Heel anders ligt het voor een meldplicht bij de Bureaus Vertrouwensartsen. Met name prof. Jaap Doek meent dat zoiets onontkoombaar is en hij krijgt daarvoor veel steun. Ikzelf zou meer voelen voor een code, een duidelijke werkafspraak binnen verschillende beroepen waarin gewerkt wordt met kinderen. Daardoor zou er een morele dwang zijn op het melden van gevallen van (seksuele) kindermishandeling die men in zijn beroep tegenkomt. Strafbaar stellen van het niet melden van een vermoeden op kindermishandeling lijkt mij nauwelijks haalbaar.

Preventie-programma's

Veel aandacht werd gegeven aan preventie, dat wil zeggen aan het voorkómen van seksueel misbruik van kinderen. Meestal richt men zich dan op twee groepen, op de kinderen zelf en op de eventuele daders. Kinderen moeten er van overtuigd worden dat hun lichaam van henzelf is. Niemand mag aan ze zetten als ze dat niet willen. Men moet kinderen steunen in hun eigen gevoelens, en in het vermogen om nee te zeggen tegen iets dat ze niet willen. Maar kunnen kinderen al duidelijk aangeven wat "goede" aanrakingen zijn, die horen bij de verzorging en "slechte" aanrakingen die niet nodig of die seksueel verkennend zijn? De Amerikaan Jon Conte vertelde daar uitgebreid over, aan de hand van uiteenlopende onderzoeken. Daarnaast probeert men kinderen er van te overtuigen dat ze ook door eigen familie, of door iemand die ze heel goed kennen, op een onprettige manier benaderd kunnen worden. Dit blijkt een van de meest moeilijke opgaven voor kinderen te zijn. Sommige twijfelen aan de wenselijkheid om kinderen al vroeg zo argwanend te maken. Ik ben daar zelf ook erg onzeker over. Ik vrees wel eens dat we met het zo sterk benadrukken van je "private parts" (geslachtsdelen) op de verkeerde weg zijn en misschien toekomstige volwassenen kweken met een overdreven preutsheid. De evaluaties tot nu toe zijn vooral gericht op het feit of kinderen feilloos kunnen aangeven wat "goede" en wat "slechte" gevoelens zijn, maar hoe gaan diezelfde kinderen daarmee om als ze volwassen zijn? Zijn het dan seksueel harmonische wezens of zitten ze in de wachtkamer bij de seksuoloog?

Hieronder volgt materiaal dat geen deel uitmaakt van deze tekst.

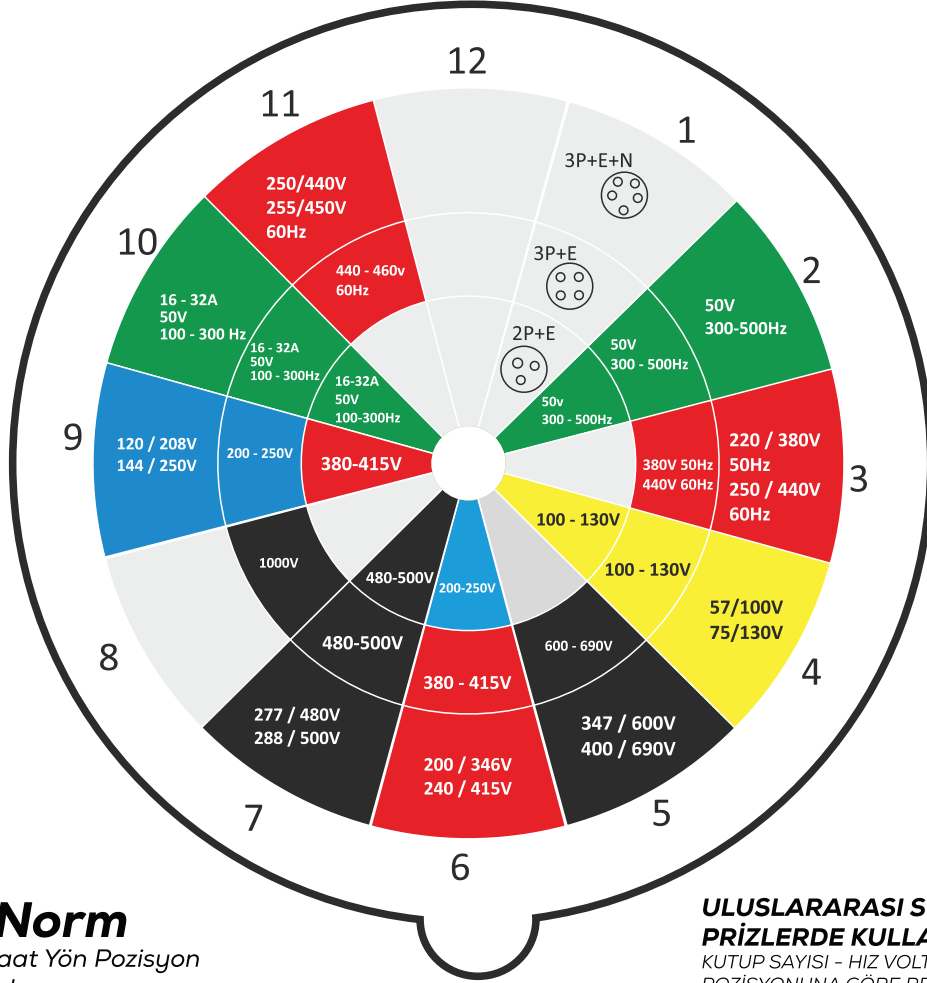

IEC 60309'a göre endüstriyel fiş ve priz standartları tablosu

Tenslotte wil men kinderen leren om kritischer te staan tegenover het begrip "geheim". Veel kinderen vinden het zalig om een geheimpje te hebben en veel opvoeders spelen daar ook graag op in. "Dan hebben jij en ik een geheimpje en dat zeggen we niet tegen oma," zegt opa. Maar dat wil men nu doorbreken door kinderen te leren dat sommige geheimen niet bewaard moeten worden. In Nederland zijn we druk bezig met het uitwerken van de slagzin "Over sommige geheimen moet je praten".

Daar sluit nog bij aan een soort ondersteuningssysteem: je moet kinderen leren bij wie ze voor hulp terecht kunnen als iemand iets doet wat ze niet leuk vinden. Of als iemand ze dwingt tot het aanraken van intieme lichaamsdelen.

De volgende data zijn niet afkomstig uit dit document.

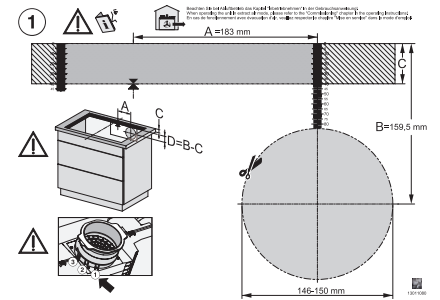

KMDA7676-1FL, KMDA7876-1FL, KMDA7676FL, KMDA7876FL – Installation variant 12 Exhaust air

KMDA 7876-1 FL MattFinish

Επαγωγική εστία με ενσωματωμένο απορροφητήρα

800mm | Εξαγωγή και ανακύκλωση αέρα | Silence Motor | Επιφάνεια μαγειρέματος PowerFlexXL | MattFinish

Men noemt dit allemaal primaire preventie, omdat het er op gericht is te voorkomen dat kinderen ooit seksueel worden misbruikt. Maar primaire preventie kan ook gericht worden op toekomstige daders.

Hierbij blijkt dan weer een verschil tussen de Verenigde Staten en Nederland. In ons land richt men zich vooral op de doorbreking van de machtsongelijkheid tussen jongens en meisjes. Men hoopt dat er later geen incestueuze verlangens ontstaan.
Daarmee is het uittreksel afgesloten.